L’horloge est prête pour le remontage !

22 février 2020
Le remontage fut relativement facile. Comme on peut le constater sur la première photo ci-dessous toutes les pièces sont identifiées, l’erreur de montage est quasi exclue. Il a fallu penser à polir tous les pivots, pour éviter que leur brunissage ne se dépose dans le palier et ne forme un tas abrasif.

Gros plan sur le mécanisme.
Gros plan sur le mécanisme.
Gros plan sur le mécanisme.

Quelques photos AVANT / APRES mettent bien en évidence l’ampleur du travail de restauration.

23 février 2020
Suspendue à un poteau de l’atelier, le réglage de l’horloge peut commencer. Pour l’instant, “telle quelle”, elle boîte (le tic est plus long que le tac), il faut deux poids (2.4kg) pour le mécanisme et le balancier n’est pas assez lourd. Je l’ai provisoirement lesté d’un kilo supplémentaire. Il me faut dans un premier temps régler l’échappement, car elle s’arrête au bout de quelques minutes.

Premiers essais de marche à l’atelier.

25 février 2020
Journée de polissage / dérouillage du balancier et des aiguilles. L’aiguille des heures avait perdu son doigt, il y fallu en ajouter un nouveau : découpe, brasure, limage, brunissage et le tour est joué ! Le reste de la journée est passé très vite à régler la marche des carillons. Déterminer les poids nécessaires à leur fonctionnement s’est fait à l’aide de bidons de 5 litres, qu’il suffit de remplir d’eau jusqu’à ce que ça marche. Cele permettra de commander ou chiner les poids en fonte qui vont bien.

26 février 2020
Journée de réglages et finitions. Avec deux fois 5kg de poids les carillons fonctionnent correctement. Ils sonnent le quart (1 coup double), la demie (2 coups doubles), les trois quarts (3 coups doubles) et les 4/4 (4 coups doubles). Une minute plus tard sonne l’heure, qui est répétée après une autre minute.
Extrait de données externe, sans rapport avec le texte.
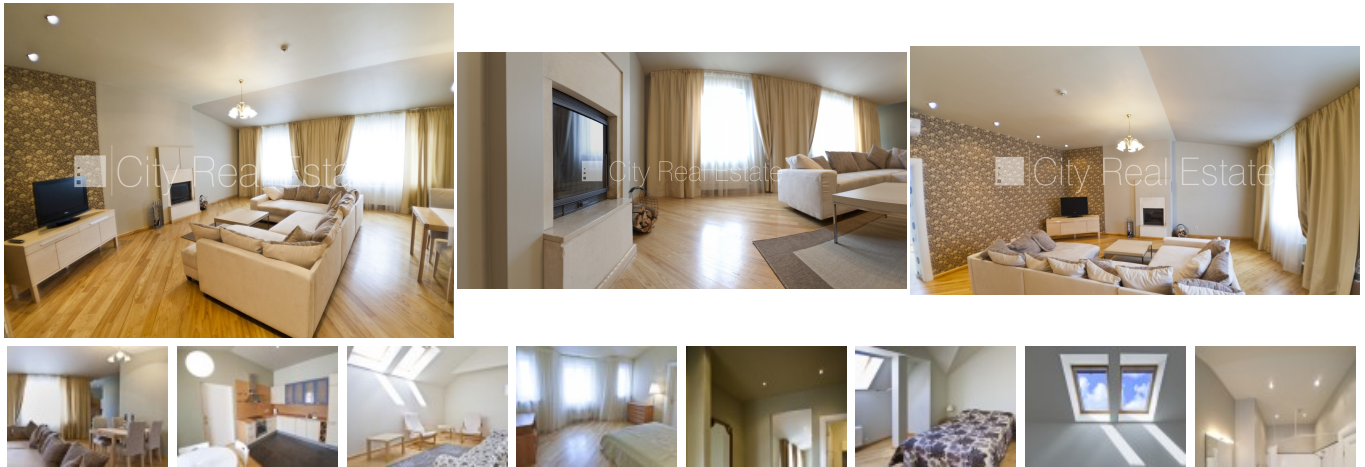

Сдают квартиру в Риге, Центре, Улица Виландес

Проект - Palisade (Палисаде), фасадный дом, реставрированный дом, мансарда, лифт, лестничная клетка после капитального ремонта, количество спален 3 шт., изолированные комнаты, студио, кухня объединена с гостиной, гардеробная, прачечная, высота потолков 3 м, камин, центральное отопление, пластиковые стеклопакетные окна, мансардные окна, паркетный пол, кафельный пол, два санузла, ванна, душевая кабина, встроенная кухня, встроенные стенные шкафы, телевизор, холодильник, посудомоечная машина, электрическая плита, духовка, стиральная машина, интернет, круглосуточное видеонаблюдение, закрытая лестничная клетка, лестничная клетка на кодовом замке, сдаётся со всем видимым на фотографии оборудованием, освободится в июне, стратегически выгодное место, CITY REAL ESTATE ID - 424082

ID: **424082**
Тип: Квартира
Подтип: Довоенный дом
Цена: 1300.00 EUR
Цена м2: 9 EUR
Площадь: 144.50 м²
Комнаты: 4
Этаж: 5 от 5
Ремонт: капитальный
Удобства: все
Мебель: вся

Контакты:

Helvijs, +371 27065515, helvijs@cityreal.lv

Cette comtoise avec échappement à chevilles requiert un balancier lourd. Celui qui me fut livré sied bien à ce mouvement squelette (tige fine et lentille simple), mais il n’était pas assez lourd. Un lest en laiton, fixé de manière invisible à l’arrière de la lentille, pallie ce défaut.

L’aiguille des minutes a nécessité le tournage d’un canon (=petit tube) servant d’écarteur. Il stabilise l’aiguille contre sa goupille.

Il reste à accrocher le cadran, au moyen de pattes brasées sur le cadran, qui viendront se poser sur la cage, sans modification de cette dernière.

27 février 2020
Les touches finales à l’oeuvre de restauration : l’accroche du cadran. Pour préserver la cage j’ai décidé de rendre le cadran amovible et l’ai fixé par quatre crochets brasés sur le cercle du cadran. Ainsi rien n’est modifié sur l’original.